Balliamo? Le ha chiesto Giuseppe, quella sera di fine febbraio. E prima che lei potesse rispondere o anche solo capire quante domande ci fossero dentro a quella domanda, eccola lì, senza farlo apposta, fra le braccia di Giuseppe. A ballare.
Eccola lì a raccontare, eccola lì a chiedere.

Succede anche a te, quando tutto di colpo fa silenzio, prima che la città si svegli o un attimo dopo quello in cui s’addormenta, di sentire arrivare da chissà dove, dentro e fuori di te, la voce di tua madre quando ti diceva buongiorno, ti diceva buonanotte, amore mio? Succede anche a te, in certe domeniche, di sentirti così solo da non avere nemmeno una persona a cui pensare per toccarti? Succede anche a te di sentirti, stanotte, come non credevi di poterti sentire più?
E Giuseppe diceva sì, sì e ancora sì. Mentre le baciava le dita dei piedi, una per una, e poi saliva su, fino agli occhi. Si sono incontrati ogni giorno: sempre a casa di lei, perché lui stava per traslocare - ma è una storia lunga, masticava, e poi riprendeva a baciarla.

Ogni giorno, finché non è arrivato quello - il nove marzo. E ognuno è rimasto chiuso a casa sua.
In quella che stavi per lasciare o nella nuova? Gli ha chiesto lei, subito, con un messaggio. A cui lui ha risposto con un fiore. Allora lei lo ha chiamato. Ma lui non ha risposto.

L’ha richiamata dopo tre giorni - mi manchi sempre, le ha soffiato. Mi manchi adesso, ha soffiato lei: dove sei? Sto andando a buttare la spazzatura. E perché proprio mentre vai a buttare la spazzatura finalmente mi chiami? Non succede anche a te, in questi pazzi giorni, in queste notti allucinate, di dimenticare che il mondo s’è ammalato, tanto ti sei ammalato tu di me? Perché a me sì, succede. Perché io sì, mi sono ammalata di te. Avrebbe voluto chiedergli, avrebbe voluto dirgli. Ma non ci è riuscita.

È riuscita invece a chiedergli: «Da quant’è che sei sposato?». «Da diciannove anni». «Quanti figli hai?». «Due. Ma non è come sembra».
Se c’è una frase che in quarantadue anni lei sperava di essersi meritata di non ascoltare mai era proprio quella: non è come sembra. Eppure il bisogno di crederci si è preso tutto, anche quella speranza. Non è come sembra, si è ripetuta il quindici, il venti, il trenta marzo. Il sette, il venticinque aprile. E ogni volta che lui, sempre andando a buttare la spazzatura, o qualche volta andando a fare la spesa, riusciva a chiamarla.
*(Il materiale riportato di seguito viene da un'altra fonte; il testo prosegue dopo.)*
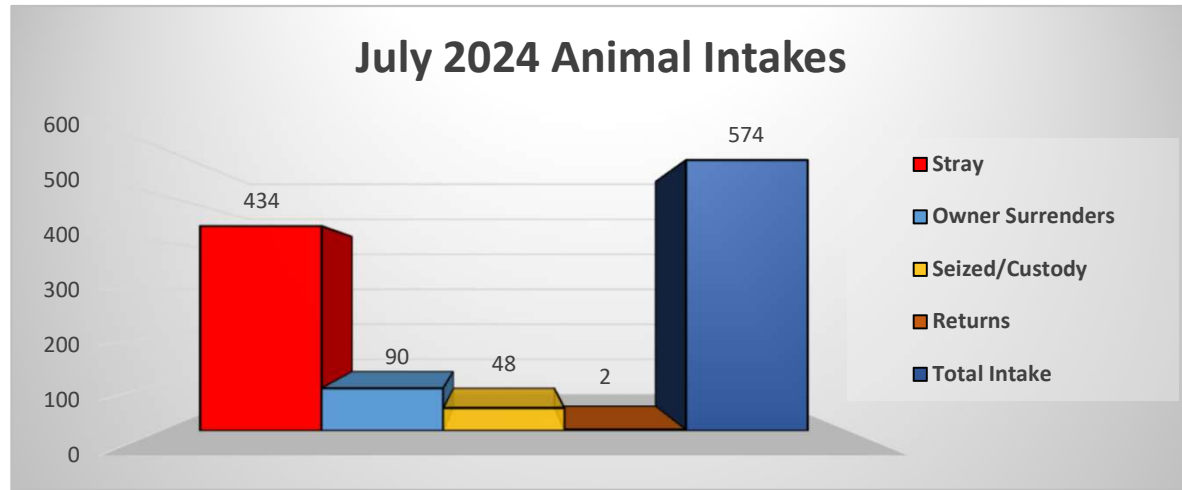

Shelter Statistics

July 2024

Total Intake	574
Stray	434
Owner Surrenders	90
Seized/Custody	48
Returns	2

Rescue Transfers	160	29%
Adoptions	104	19%
Return to Owners	42	8%
TNR's	87	16%
Euthanasia Dogs	120	22%
Euthanasia Cats	29	5%
Died (12)	12	2%
Total Outcome Cats/Dogs	554	

Total Outcomes 554
Positive Outcomes 393

The Annual Live Release Rate does not include 8 owner/guardian requested euthanasia which was unhealthy & untreatable and 2 puppies, 1 dog and 8 kittens that died while in shelter care resulting in a 74% LRR. (554-20=534, 393/534=73.6%LRR)
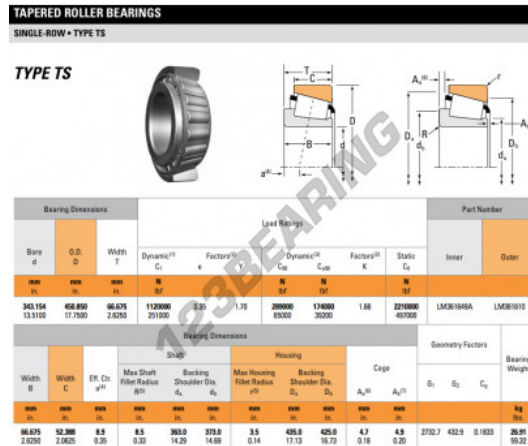

Tapered roller bearing LM361649A-LM361610-TIMKEN - LM361649A-LM361610-TIMKEN

<https://www.123bearing.com/bearing-housing/roller-bearing/tapered/lm361649a-lm361610-timken>

PRODUCT FEATURES

Brand	TIMKEN
N° Ean13	3663952329703
Inside diameter	343.154 mm
Inside diameter	13.51" inch
Outside diameter	450.85 mm
Outside diameter	17 3/4" inch
Thickness	66.675 mm
Thickness	2 5/8" inch
Packaging	1
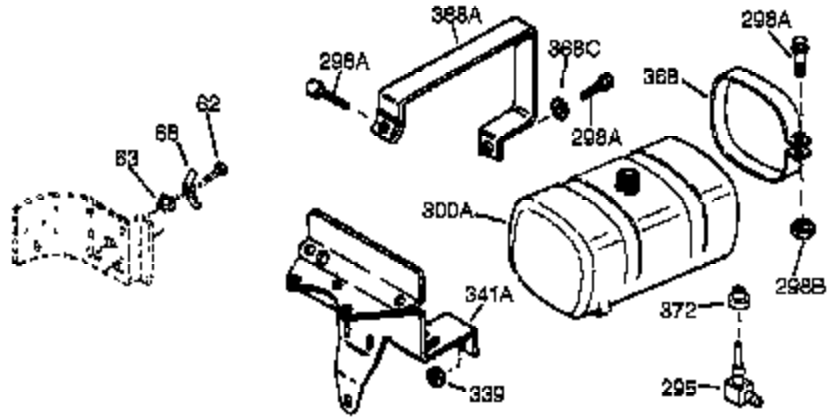

Ref #	Part Number	Qty	Description
62	650760	1	Screw, 8-32 x 3/8"
63	28545	1	Grommet
92A	650815	1	Belleville Washer
110A	35187	1	Ground Wire
129	650905	4	Screw, 5/16-18 x 2-5/8"
131A	29212	2	Screw, 1/4-28 x 7/16"
172	28425	1	Valve Cover
262	29747B	2	Screw, Torx T-40, 5/16-24 x 21/32"
269	35865	1	* Exhaust Manifold Gasket
277A	30196	2	Screw, 5/16-18 x 3/4"
287A	650926	4	Screw, 8-32 x 21/64"
309	650760	1	Screw, 8-32 x 3/8"
370C	36224	1	Debris Guard Decal
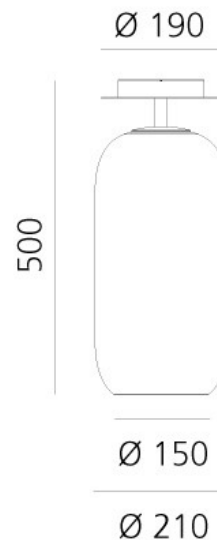

## PRODUCT DESCRIPTION

Designer: BIG

## PRODUCT SPECIFICATION

- Light Source:** 1 x max 20W E27 LED (excluded)  
**IP Code:** 20  
**Dimming:** Dimmable via mains phase dimming  
**Dimensions:** Ø21cm  
 50cm height  
 Ø19cm ceiling base

For all sales and technical enquiries, please contact:

Finché, finalmente, ma facendo piano, il mondo ricomincia a entrare, a uscire dalle case. Ma Giuseppe non entra più in quella di lei. Però: «Mi manchi come l’aria», le dice. Mandami una tua foto mentre fai la doccia, mandami una foto di quello che vedi dalla finestra, mandami una foto delle scarpe che hai appena comprato, le scrive. Ma intanto, arriva l’estate. È il primo giorno di luglio, quando lei, in fila per entrare in una libreria, lo incontra. Tiene per mano un bambino che ha la sua stessa bocca e i suoi stessi capelli.

«Ciao». «Ciao». E poi, rivolto al bambino: «Andiamo, amore, la fila è troppo lunga, torniamo domani». «Ma papà, mi avevi promesso che».
«E ora ti prometto che torniamo domani».
Si allontanano. Perdonami, ma preferisco essere sereno nella mia vita vera piuttosto che felice, gli scriverà lui, qualche ora dopo. Lei non risponderà mai. Ma ancora si domanda che cos’è, la vita vera. E perché non sia un posto dove si possa ballare. Senza farlo apposta e senza farsi male.